The masks discussed in this article are listed in order from most effective to least effective: choose your weapon of choice wisely. 

Sasha Skarboviychuk 

N95 

Ah, the king of all masks. How did you get your hands on one? You surely have connections to the mask mafia. If you are one of those people who is connected, you will know all the horrors and benefits of wearing one. Let’s start by talking about everyone’s large concern: aesthetics. I am not going to lie and say that the N95s are the most beautiful thing you can wear on your face: They are pretty ugly. Oh yeah, and it is not as easy to breathe in it, in case you are one of those people who is concerned about breathability. And the fact that it is so thick makes you realize that you should brush your teeth more often. And the little fibers in the mask can get really irritating on your skin. Good thing that the concern right now is how pretty and comfortable your mask is and not preventing a global pandemic from going on for even longer. 

KN95 

The KN95’s are like the vice president who is always there, but no one is sure why or what they do. The second in command mask does not differ much from the king in terms of aesthetics, only by its country of origin (China as opposed to the United States). I have to say that the shape of the mask makes it look like you have a beak and you are trying so hard to cover with the mask (and are failing). I am not going to lie to you by saying that I’ve ever worn one so I cannot answer the ultimate question: Can I breathe in it? Though I do have to say that if people couldn’t breathe in it, there would be quite a number of lawsuits (this is America afterall) against the producers of these masks.  

Surgical Mask 

This mask is definitely more on the breathable side of the masks considered and, at the beginning of this whole COVID-19 thing, was the most common. In the first few months everyone was wearing a surgical mask. Don’t get me wrong, I am very happy that people are complying with the mask advisory, but I am not very happy with the fact that everyone looks like a dentist. It’s like there are dentists all around. And they’re following me, reminding me that I definitely missed my last few appointments. Truly scary happenings, guys. 

Cloth Mask 

I have to admit that these are oftentimes really cool. Amidst this pandemic, companies have been able to take advantage of great demand for a new product: masks. Everyone is making them, from Disney to Macy’s, it’s like everyone wants to tap into the mask market. I kind of want to get one as a memory of the crazy times we are currently living in. In terms of breathability they are close to surgical masks: They don’t make you puke from your own breath but can still protect others from you. Who can complain about these masks? They are easy to breath in, can be personalized and, most importantly, they look cool! Good thing we have our priorities straight. 

Tissue over face 

You know I really wish I could tell you that this type of mask was something I came up with to be funny. But it’s not. For the safety of the creator, I will keep their identity a secret, but I promise you this is something someone I know wore in lieu of a real mask. In terms of aesthetics, I only have one thing to say: Halloween is in October. And tissue face is a lame costume.

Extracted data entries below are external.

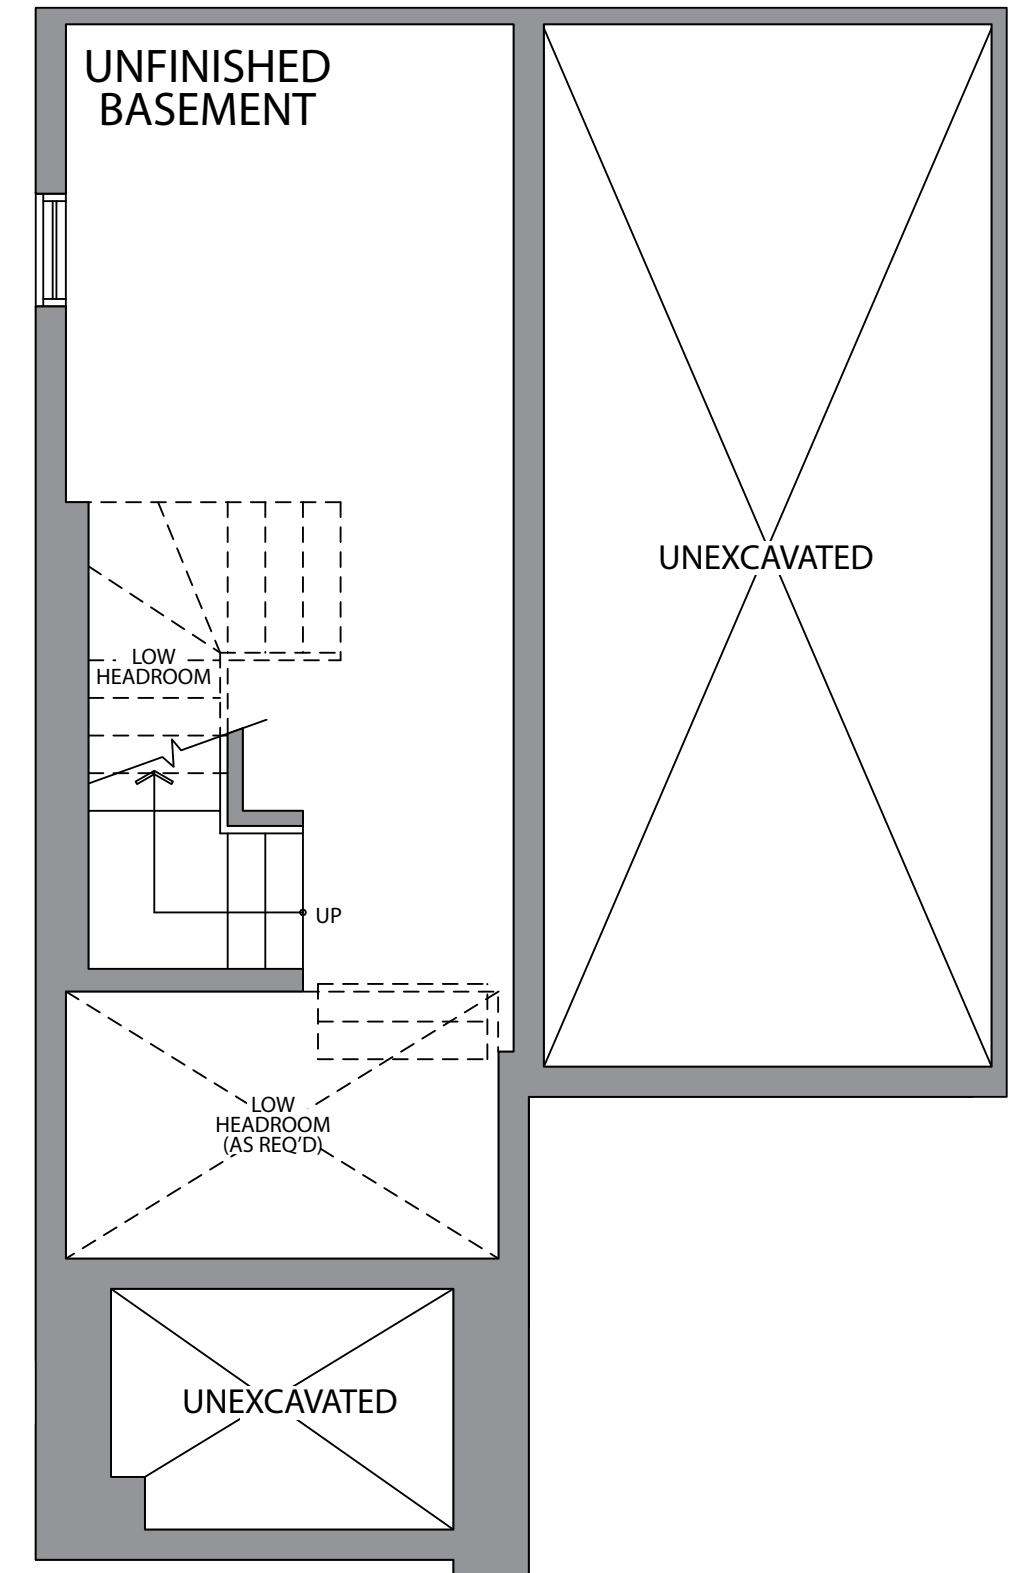

URBAN
TOWNS

THE JACKSON-MOD (BB3-MOD)

ELEVATION 1C
1640 SQ.FT.
UNIT 38 & 46

WHITBY MEADOWS
newTOWNS

PARADISE
DEVELOPMENTS®

THE JACKSON-MOD (BB3-MOD)

1640 SQ.FT. UNIT 38 & 46

GROUND FLOOR
ELEVATION 1C

MAIN FLOOR
ELEVATION 1C

THIRD FLOOR
ELEVATION 1C

BASEMENT
ELEVATION 1C

But there is good news too: It is incredibly easy to breathe in this “mask.” It’s almost like you are not wearing one at all!

No Mask

Ah the boldest of all choices. While most of us have been enjoying the opportunity of shamelessly not smiling at people and not worried about our resting bitch faces, some people choose to grace us with their entire face. What can I say, those people have been embracing the opportunity to breathe in droplets that come out of other people: Who can resist? Oh, and in terms of breathability, it is perfect: You have easy access to all the crap that is currently polluting the air. But hey, at least they don’t look like a dentist; they just look inconsiderate! 


John Fornagiel

N95

N95 masks are a great mask for filtering out particles in the air as the wearer breathes. Although these masks boast an extremely high filtering power, they are not well-suited for the general public and should mainly be reserved for first responders, medical professionals and other high-risk workers. Additionally, due to the rarity of these masks, it may be tempting for individuals to use an N95 several times. However, these are intended for single-use only. The reasoning for this is that an N95 is designed to trap very small particles (such as dust and bacteria) onto its fibers. These can accumulate over time and inhibit the effectiveness of a mask. Finally, if you are a frequent user of an N95, make sure to shave off all facial hair to ensure full effectiveness of the mask. Facial hair can cause a poor fit and allow particles to seep in through the sides of the mask. Also, fun fact: The number in N95 is the percentage of medium-sized particles that the mask filters. There are also masks such as N99 that also exist that possess an even higher filtering power!

KN95

KN95 masks are extremely similar to N95 masks. The KN95’s are a version of a filtering facepiece respirator (FFR) that was approved in China, with the N95 counterpart being approved in the U.S. While there are some minute differences between the N95 and KN95, they virtually hold the same role for the general public. Fortunately, at the time of writing this, there are some KN95 masks available for purchase that can provide you with better protection than a typical cloth or surgical mask. Moreover, the Centers for Disease Control and Prevention (CDC) has identified KN95’s (among other FFR’s) as a suitable alternative to a mask. Conveniently, everything that was said about the N95 also applies to the KN95!

Surgical Mask

Surgical masks cover the nose and mouth and are very loose-fitting. Their main purpose is to protect the nose and mouth from any large splashes and sprays that can come close to the mouth. Although they excel at blocking large particles such as water droplets, they do not filter out medium-sized or smaller particles as well as the N95 mask does. Fortunately, although viruses are often too small to be blocked by a surgical mask, it is important to remember that these viruses are not often airborne. They are often carried by larger water droplets that can be blocked by the surgical mask.

Cloth Mask

Although these masks are not as effective as the N95 masks or even the surgical masks, they are much better than not wearing a mask at all and are reusable. The CDC recommends wearing a cloth face covering when social distance measures are difficult to uphold. The CDC also recommends washing a cloth mask after each use. Washing a cloth mask is as simple as throwing it in the laundry with the rest of your clothes! To facilitate usage of a cloth mask, you can cycle through two or more masks to ensure that you always have a clean one on hand.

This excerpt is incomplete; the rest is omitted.